The entire listing, reproduced exactly and stripped of images, is the expected output.
=== Section Start ===
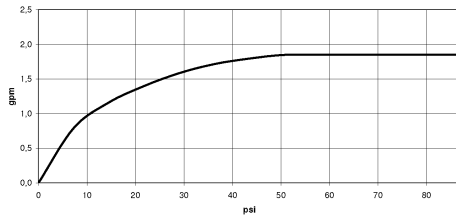

**Hand shower set with individual rosettes with volume control FlowReduce -  
Champagne (22kt Gold)**

IMO

27 809 980

Fits: IMO, MEM, CL.1, CYO

- COMPACT RAIN, max. flow rate 6.8 l/min (at 3 bar)
- with volume control
- with anti-scale system
- 3/8" shower outlet
- rosette for wall elbow 60 x 60mm
- rosette for shower holder 60 x 60mm
- metal shower hose 1250mm with integrated anti-twist protection
- 1/2" wall elbow
- This product can help a building meet the requirements of Green Building Rating Systems, e.g. LEED®, BREEAM®, DGNB

**Recommended miscellaneous**

- Concealed wall elbow -** 35 085 970 90
- max. recess depth 163 mm
  - min. recess depth 90 mm

Hand shower set with individual rosettes with volume control FlowReduce -  
Champagne (22kt Gold)

27 809 980  
mm [inches]

Flow rate chart

Certificates

LGA\_29985.

27 809 980
=== Section End ===
Task result:
**Hand shower set with individual rosettes with volume control FlowReduce -  
Champagne (22kt Gold)**

IMO

27 809 980

Fits: IMO, MEM, CL.1, CYO

- COMPACT RAIN, max. flow rate 6.8 l/min (at 3 bar)
- with volume control
- with anti-scale system
- 3/8" shower outlet
- rosette for wall elbow 60 x 60mm
- rosette for shower holder 60 x 60mm
- metal shower hose 1250mm with integrated anti-twist protection
- 1/2" wall elbow
- This product can help a building meet the requirements of Green Building Rating Systems, e.g. LEED®, BREEAM®, DGNB

**Recommended miscellaneous**

- Concealed wall elbow -** 35 085 970 90
- max. recess depth 163 mm
  - min. recess depth 90 mm

Hand shower set with individual rosettes with volume control FlowReduce -  
Champagne (22kt Gold)

27 809 980  
mm [inches]

Flow rate chart

Certificates

LGA\_29985.

27 809 980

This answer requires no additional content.